Слова ученого о том, что какой-то неизвестный кайрам спас Дмитрия от смерти, все еще вертелись в голове, но теперь они звучали как-то глупо и смешно. Неведомое существо с другой планеты явилось на полуостров, чтобы выловить из воды какого-то жалкого полукровку? Как можно было придумать такую ахинею? Как будто кайрамам больше нечего делать — только и следят в бинокль за идиотами с планеты Земля, которые не в состоянии ужиться даже друг с другом. Впрочем, возможно, это их местное реалити-шоу о самом недоразвитом виде во всех вселенных? Реалити-шоу о дебилах, которым вечно не хватает денег — бумажек, которые они сами же и печатают? В какой вселенной такое еще встретишь?

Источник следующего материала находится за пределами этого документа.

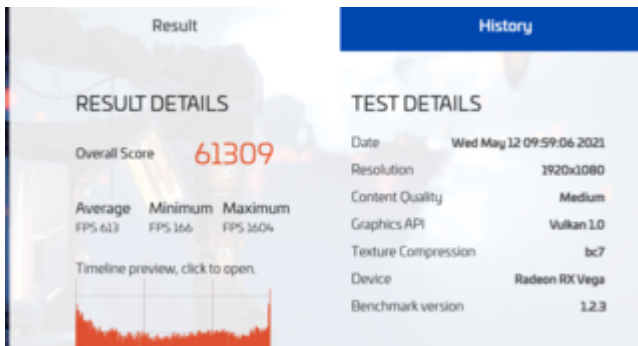

GPU Metal Bench - GPUScore: Sacred Path (2022, von Basemark)

Beitrag von „Raptortosh“ vom 12. Mai 2021, 10:01

RX Vega 56 (Windows).

Medium:

High:
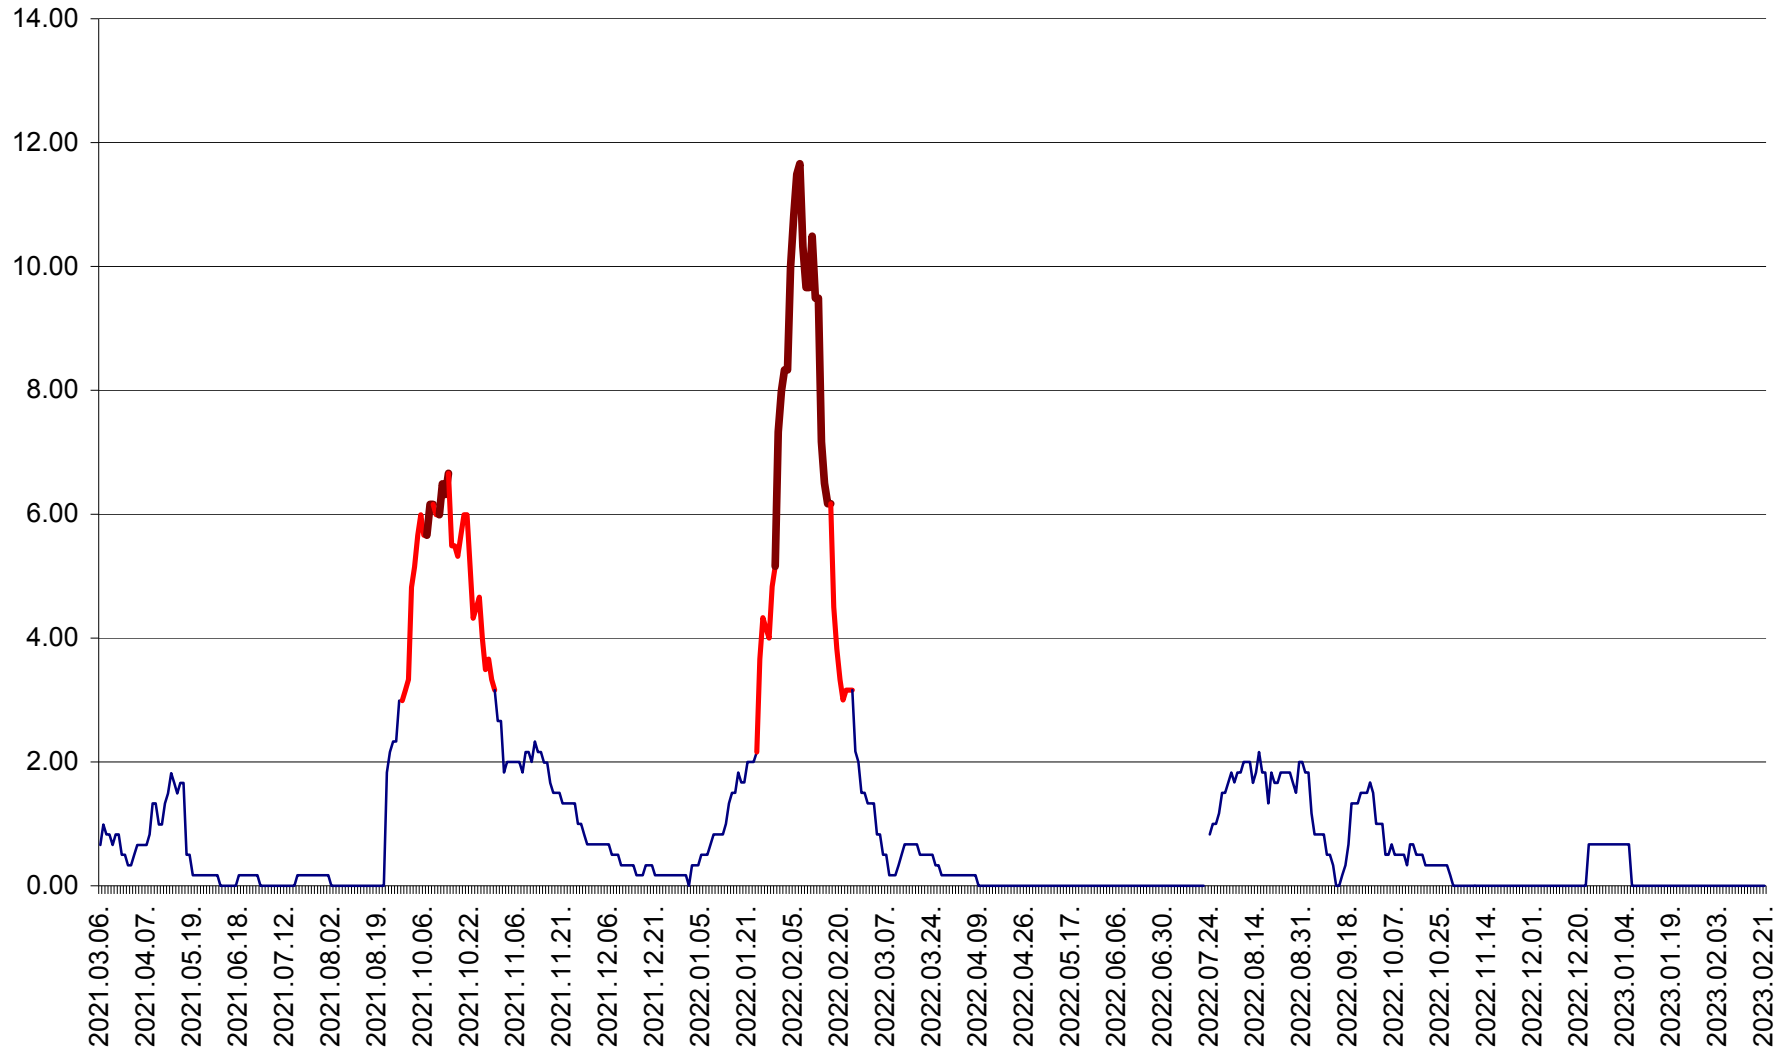

VĂRȘAG - Evolutia incidentei cumulate pe 14 zile la ‰ de locuitori  
2021.03.07. - 2023.02.21.

ORAȘ VLĂHIȚA - Evolutia incidentei cumulate pe 14 zile la ‰ de locuitori  
2021.03.07. - 2023.02.21.

VOȘLĂBENI - Evolutia incidentei cumulate pe 14 zile la ‰ de locuitori  
2021.03.07. - 2023.02.21.

ZETEA - Evolutia incidentei cumulate pe 14 zile la ‰ de locuitori  
2021.03.07. - 2023.02.21.

Total - Evolutia incidentei cumulate pe 14 zile la ‰ de locuitori  
2021.03.07. - 2023.02.21.

Или где найдешь кретинов, которые отравляют необходимые для жизни воздух, землю и воду, чтобы купить вещи, которые им не нужны?
Еще смешнее о вышеупомянутом кайраме-спасателе говорил Ханс. Он утверждал, что чувствовал в «истинном» энергетику Лескова, однако то были лишь слабые нотки, как если бы в мешок сахара засыпали щепотку соли. Или же это была энергетика какого-то родственника Дмитрия, например, отца, который пришел на помощь своему сыну, а затем почему-то снова исчез.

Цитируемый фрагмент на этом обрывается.